Hummaid: Poet Of Homeland And Its Poor Citizens

Hummaid: Poet Of Homeland And Its Poor Citizens

KHARTOUM (Sudanow) -  Sudanese poet Mohammad Alhassan Salim (Hummaid) is a landmark in the Sudanese national poetry.

Poet Hummaid, composing in the Sudanese vernacular, has won the hearts of millions of Sudanese who are aligned with the values of freedom, democracy, peace and the causes of the hardworking and the destitute.

These values were in constant focus of his verse. This has qualified him to the titles: "Poet of the homeland and the struggle for freedom” and “poet of the poor people”. 

Says Writer, Ms.
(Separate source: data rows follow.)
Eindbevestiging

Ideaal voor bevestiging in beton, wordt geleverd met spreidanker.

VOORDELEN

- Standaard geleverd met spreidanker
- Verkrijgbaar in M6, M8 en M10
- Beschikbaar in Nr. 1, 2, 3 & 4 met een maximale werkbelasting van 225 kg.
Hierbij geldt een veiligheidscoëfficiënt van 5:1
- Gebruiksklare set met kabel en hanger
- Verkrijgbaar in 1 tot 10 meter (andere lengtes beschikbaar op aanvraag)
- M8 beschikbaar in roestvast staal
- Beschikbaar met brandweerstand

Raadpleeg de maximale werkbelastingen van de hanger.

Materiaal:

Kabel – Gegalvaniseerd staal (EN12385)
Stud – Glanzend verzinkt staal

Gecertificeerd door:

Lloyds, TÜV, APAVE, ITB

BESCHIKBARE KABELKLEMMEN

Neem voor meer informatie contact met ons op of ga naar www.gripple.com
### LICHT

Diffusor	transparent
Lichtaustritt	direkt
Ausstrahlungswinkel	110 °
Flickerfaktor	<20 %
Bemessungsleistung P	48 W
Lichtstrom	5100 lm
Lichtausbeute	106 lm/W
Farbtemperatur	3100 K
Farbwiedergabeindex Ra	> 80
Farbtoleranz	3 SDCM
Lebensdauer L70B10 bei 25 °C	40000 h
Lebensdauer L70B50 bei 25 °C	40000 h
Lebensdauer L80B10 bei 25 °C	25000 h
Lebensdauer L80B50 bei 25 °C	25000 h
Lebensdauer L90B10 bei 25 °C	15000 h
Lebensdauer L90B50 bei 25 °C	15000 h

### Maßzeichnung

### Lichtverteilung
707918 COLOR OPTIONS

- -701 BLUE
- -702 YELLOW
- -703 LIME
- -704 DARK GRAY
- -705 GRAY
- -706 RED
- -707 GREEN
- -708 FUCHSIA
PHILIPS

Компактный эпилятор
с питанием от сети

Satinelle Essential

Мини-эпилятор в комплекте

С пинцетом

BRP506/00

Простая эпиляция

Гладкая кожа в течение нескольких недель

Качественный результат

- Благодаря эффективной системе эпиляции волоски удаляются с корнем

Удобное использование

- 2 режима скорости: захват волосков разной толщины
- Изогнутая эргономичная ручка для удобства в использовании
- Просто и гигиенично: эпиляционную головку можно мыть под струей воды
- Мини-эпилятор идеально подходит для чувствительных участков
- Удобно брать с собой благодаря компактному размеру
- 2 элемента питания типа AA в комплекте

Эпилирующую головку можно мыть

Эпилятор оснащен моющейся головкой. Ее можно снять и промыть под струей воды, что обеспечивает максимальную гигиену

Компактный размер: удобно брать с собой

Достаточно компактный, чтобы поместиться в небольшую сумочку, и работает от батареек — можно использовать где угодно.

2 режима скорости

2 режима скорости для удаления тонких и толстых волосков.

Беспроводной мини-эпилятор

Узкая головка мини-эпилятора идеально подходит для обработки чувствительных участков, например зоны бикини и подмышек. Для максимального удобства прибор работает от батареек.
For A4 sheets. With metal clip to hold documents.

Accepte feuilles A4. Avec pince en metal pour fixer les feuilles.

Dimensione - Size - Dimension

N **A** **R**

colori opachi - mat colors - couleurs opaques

Eiman Adam Khalid about him and his poetry:

"Poet Hummaid had died leaving behind hearts that loved him, souls that knew his value and his lofty human and literary heritage in which he was the insightful poet, the poet who never lied to his people, who sees with the eye of his heart and his inspired soul the magnitude of sacrifices and blood that would be a dowry for freedom.
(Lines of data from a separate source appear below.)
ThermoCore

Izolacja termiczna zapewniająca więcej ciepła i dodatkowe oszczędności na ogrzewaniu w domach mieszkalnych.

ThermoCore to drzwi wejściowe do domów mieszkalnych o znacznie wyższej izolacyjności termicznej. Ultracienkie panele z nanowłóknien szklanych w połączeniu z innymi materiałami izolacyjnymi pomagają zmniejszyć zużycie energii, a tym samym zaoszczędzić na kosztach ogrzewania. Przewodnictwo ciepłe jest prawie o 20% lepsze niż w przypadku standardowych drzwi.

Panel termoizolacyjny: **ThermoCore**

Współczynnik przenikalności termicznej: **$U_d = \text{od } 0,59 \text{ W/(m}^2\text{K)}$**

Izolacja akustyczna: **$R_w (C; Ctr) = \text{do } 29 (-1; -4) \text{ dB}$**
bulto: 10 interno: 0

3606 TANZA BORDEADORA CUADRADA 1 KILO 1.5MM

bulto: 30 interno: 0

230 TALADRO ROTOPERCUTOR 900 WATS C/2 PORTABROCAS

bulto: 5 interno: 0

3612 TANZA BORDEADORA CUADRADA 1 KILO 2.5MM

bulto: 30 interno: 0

He had confidence in this people and their ability to rise up out of the ashes and extinction like the phoenix bird in the Greek mythology". 

Hummaid was known as a poet always at loggerheads with despotic regimes in Sudan. That caused him to taste the bitterness of arrests, imprisonment, torture and forced migration to the Gulf states of Qatar and Saudi Arabia.
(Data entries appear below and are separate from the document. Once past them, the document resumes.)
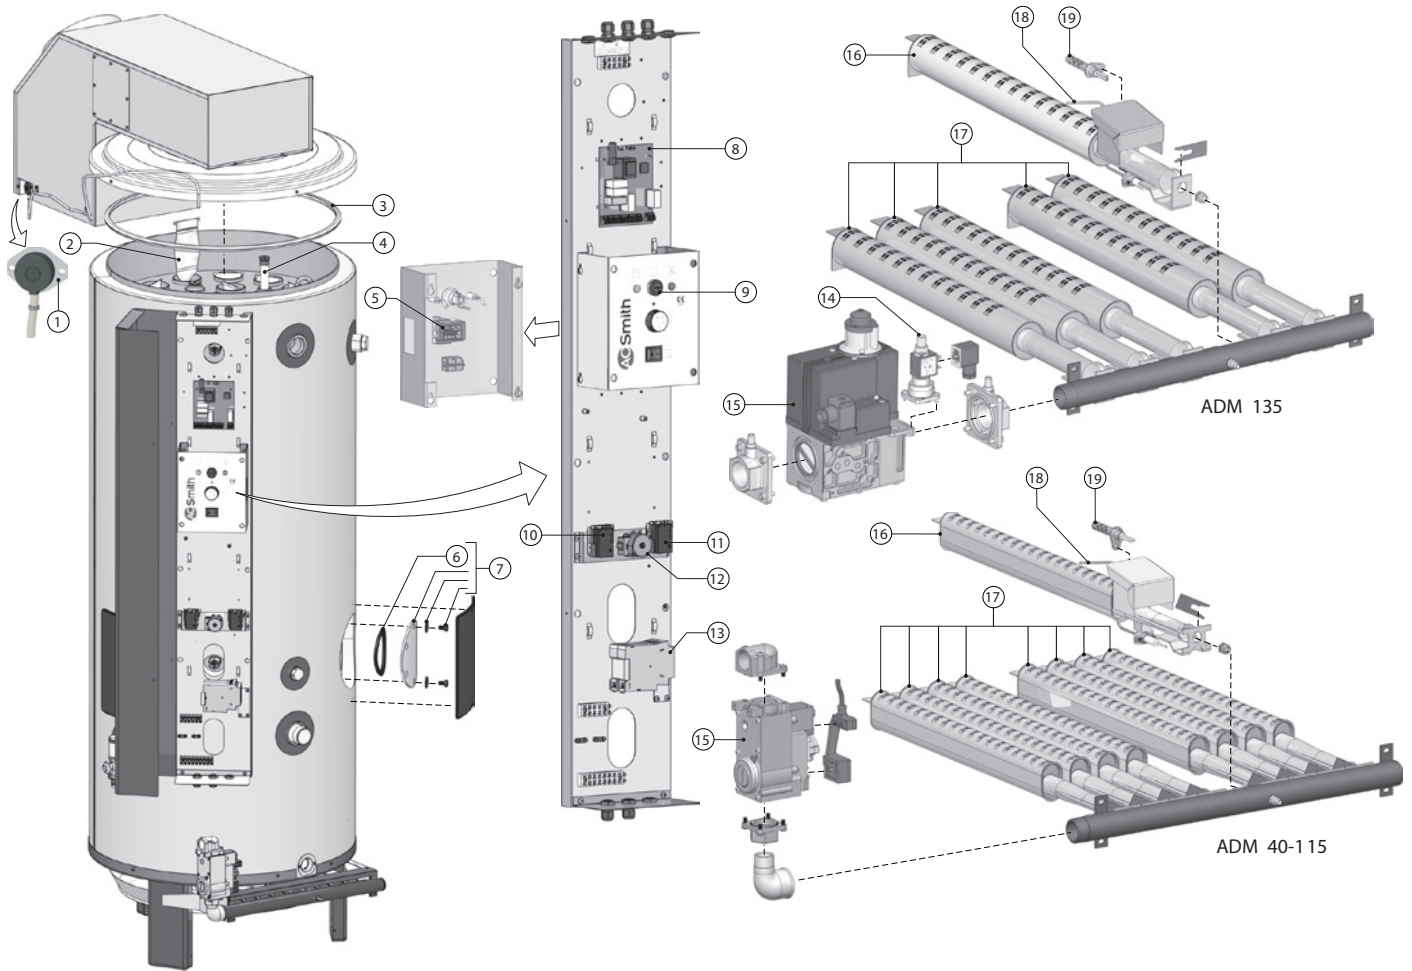

Vue éclatée ADM

EVD-0008

ADM / ADMC / ADMR

ADM / ADMC pièces détachées

Nr.	désignation	date	40	50	60	80	90	115	135
1	Thermostat de fumées	avant le 13-11-'05 depuis le 13-11-'05	0303316(S) 0307450(S)	0303316(S)	0303317(S)	0303317(S)	0303318(S)	0303318(S)	0303317(S)
2	Turbulateur		0068440002(S) (5x) 0305098(S)	0068440002(S) (6x) 0305098(S)	0068440002(S) (7x) 0305098(S)	0068440002(S) (9x) 0305098(S)	0068440002(S) (12x) 0305098(S)	0068440002(S) (16x) 0305098(S)	0191996002(S) (17x) 0305098(S)
3	Joint d'étanchéité de fumée		0183463039(S) (2x)	0183463050(S) (2x)	0183463039(S) (2x)	0183463050(S) (3x)	0183463039(S) (3x)	0183463039(S) (4x)	0183463039(S) (4x)
4	Anode		0304728(S) (2x)	0304728(S) (2x)	0304728(S) (2x)	0304728(S) (3x)	0304728(S) (3x)	0304728(S) (4x)	0304728(S) (4x)
	Anode articulée		0302989(S)	0302989(S)	0302989(S)	0302989(S)	0302989(S)	0302989(S)	0302989(S)
5	Aquastat de régulation		0304741(S)	0304741(S)	0304741(S)	0304741(S)	0304741(S)	0304741(S)	0304741(S)
6	Joint torique trappe de visite		0301125(S)	0301125(S)	0301125(S)	0301125(S)	0301125(S)	0301125(S)	0301125(S)
7	Kit de trappe de visité		0303497(S)	0303497(S)	0303497(S)	0303497(S)	0303497(S)	0303497(S)	0303497(S)
8	Platine électronique de contrôle		0301948(S)	0301948(S)	0301948(S)	0301948(S)	0301948(S)	0301948(S)	0301948(S)
9	Bouton "Reset"		0302991(S)	0302991(S)	0302991(S)	0302991(S)	0302991(S)	0302991(S)	0302991(S)
10	Aquastat limiteur		0302990(S)	0302990(S)	0302990(S)	0302990(S)	0302990(S)	0302990(S)	0302990(S)
11	Aquastat antigel		0300674(S)	0300674(S)	0300674(S)	0300674(S)	0300674(S)	0300674(S)	0300674(S)
12	Aquastat de sécurité		-	-	-	-	-	-	0305024(S)
13	Minuteur		-	-	-	-	-	-	0305021(S)
14	Régulateur		03010099(S)	03010099(S)	03010099(S)	03010099(S)	03010099(S)	0301100(S)	-
	Bloc gas (NAT/LP)		-	-	-	-	-	-	0305163(S)
15	Bloc gas (NAT)		-	-	-	-	-	-	0305153(S)
	Bloc gas (LP)		-	-	-	-	-	-	0305321(S)
16	Rampe d'allumage		0304892(S)	0304892(S)	0304892(S)	0304892(S)	0304892(S)	0304892(S)	0305321(S)
17	Rampe brûleur		0304891(S) (2x)	0304891(S) (3x)	0304891(S) (4x)	0304891(S) (6x)	0304891(S) (6x)	0304891(S) (8x)	0305010(S) (5x)
18	Sonde d'ionisation	depuis le 12-05-'03	0305407(S)	0305407(S)	0305407(S)	0305407(S)	0305407(S)	0305407(S)	0305407(S)
19	Bougie incandescente	avant le 20-10-'03	0303493(S)	0303493(S)	0303493(S)	0303493(S)	0303493(S)	0303493(S)	0303493(S)
	Bougie incandescente	depuis le 20-10-'03	0304242(S)	0304242(S)	0304242(S)	0304242(S)	0304242(S)	0304242(S)	0304242(S)
	Clapet de fumées ADMC		0306650(S)	0306650(S)	0306650(S)	0306650(S)	0306651(S)	0306651(S)	0306651(S)
	Horloge hebdomadaire ADMC		0301023(S)	0301023(S)	0301023(S)	0301023(S)	0301023(S)	0301023(S)	0301023(S)

He was born in the town of Noari  in the Northern State in 1956 and died in a car crash on the highway linking his home area with Khartoum in May 2012.

Despite his short life, Poet Hummaid had contributed a big deal to the country’s cultural movement.

He had taken podiums hundreds of times all over Sudan and within the congregations of Sudanese in the Gulf Region to recite his poetry.

Poet Hummaid had six published poetry collections and also with his lyrics performed by thirty singers, including the popular singer Mustafa Sidahmed who performed more than twenty of his poems.

One of his most famous poems is Am Abdur-Raheem (Uncle Abdur-Raheem) in which he tells the story of a poor worker who toils hard to help his family. But one day while on the back of his donkey, his mind busy with the problems of his life, a speeding police vehicle terrified the donkey. Uncle Abdur-Raheem was thrown down and a train coming from the other direction struck him dead.

Following are some stanzas from this poem:

Uncle Abdur-Raheem

First thing
in the morning
he rushes through his prayers,
muttering and mumbling,
listing all the saints,
fiddling with his prayer beads
staring at the ground,
troubled, muttering to himself,
then glancing at the sky -
up there
a few clouds
and many distant stars
She never said, 'Good morning',
or asked if he slept well;
she never stroked his hair;
she never blew him a kiss,
a kiss from the depths of her heart -
nothing like the old days,
the good days.
Actually, she wasn't there:
she was in the stables
saddling the donkey
or milking the goats
for morning tea.
The birds had not begun
when Uncle Abdur-Raheem
reluctantly leaves home.
At the waterfront he meets
the other labourers;
some are from Ajjiref,
some are from the mountains.
'How's it going?' he asks;
he banters with them -
they wind him up,
but Uncle Abdur-Raheem
doesn't take the bait;
people round here
never get worked up:
get angry with who?
get angry about what?
Here, they're all friends,
like one big family;
even if they're not related
they're all in the same boat;
'Whatever happens', they say,
'long may you live, my friend;
have hope, despite it all.'
Uncle Abdur-Raheem
you were a farmer once upon a time,
free to fall asleep and
free to get up when you liked;
no clocking in
no timed lunch-breaks,
watering your fields on moonlit nights
planting under the stars.
But time is a wheel that never stops 

*** The poem has been translated by Alaadin Ahmed, Poetry Translation Center.